◆ **Records supplied**
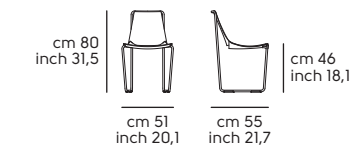

Sedile e schienale - Seat and backrest

Cuoio - Hide

Cuoio toscano - Tuscan hide

Pelle - Leather

Similpelle - Faux leather

Tessuto - Fabric

Vedi campionario per scegliere il colore - Check the swatches for the complete colours

Apelle S M CU
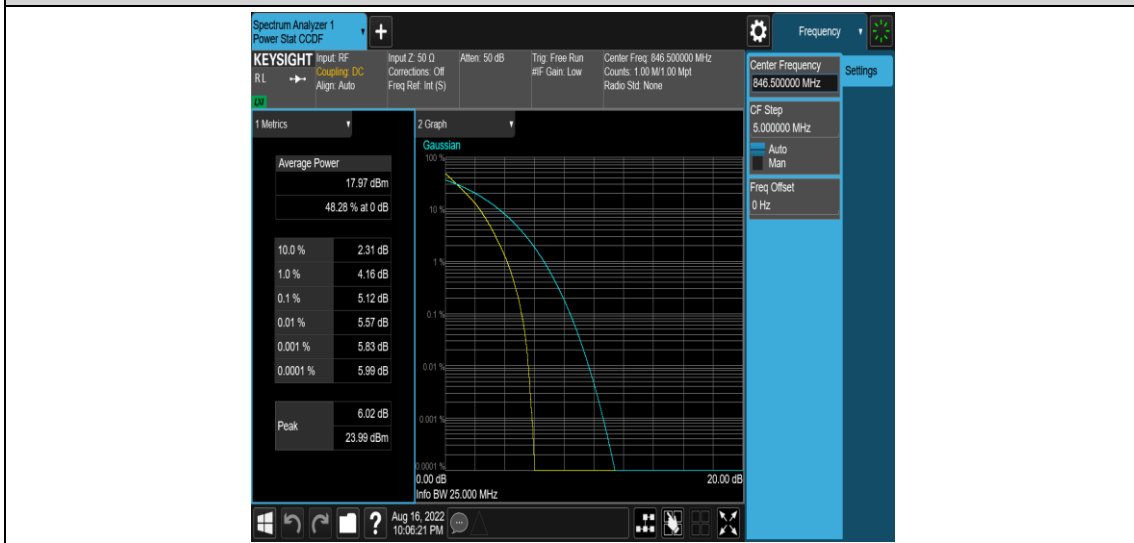

Band5-5MHz-QPSK-20625-25RB#0
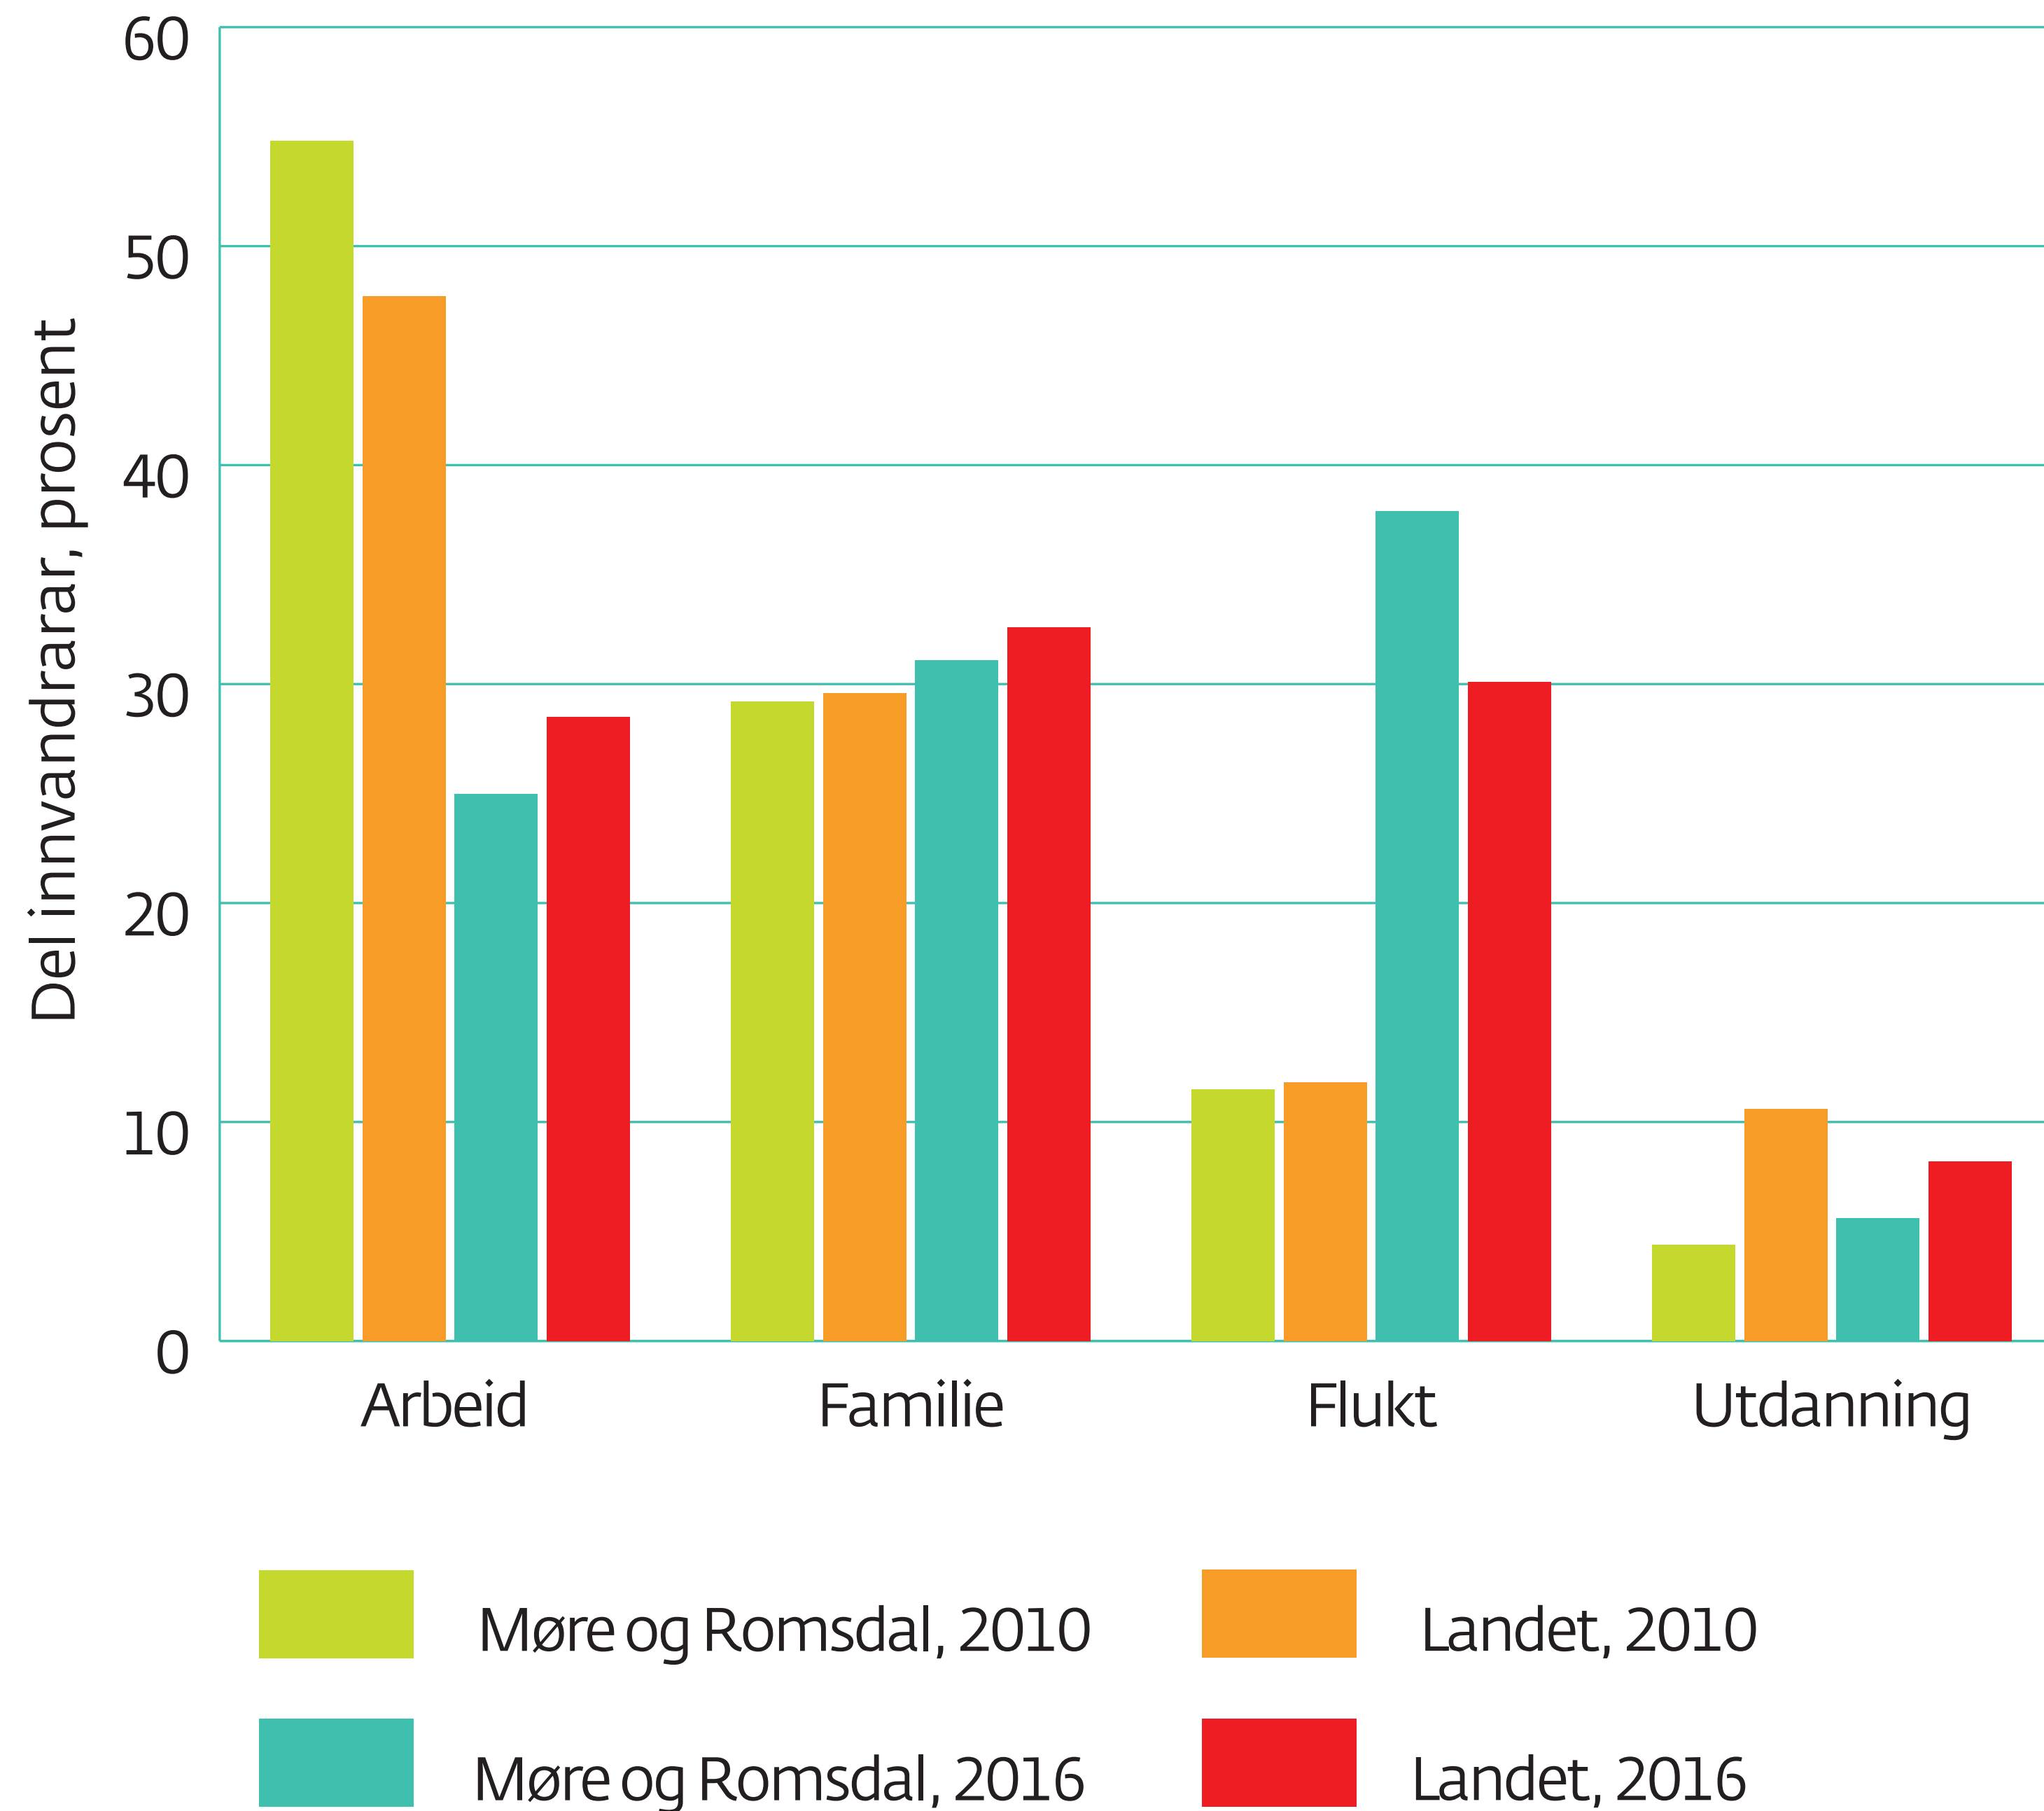

# Del innvandrere etter innvandringsgrunn til Møre og Romsdal og landet, 2010 og 2016

Kjelde: SSB

Møre og Romsdal  
fylkeskommune

[www.mrfylke.no/fylkesstatistikk](http://www.mrfylke.no/fylkesstatistikk)

◆ **Activity**
Among the records above, find the lines where the word "Cuoio" appears and copy them.

◆ **Your response**
Cuoio - Hide
Cuoio toscano - Tuscan hide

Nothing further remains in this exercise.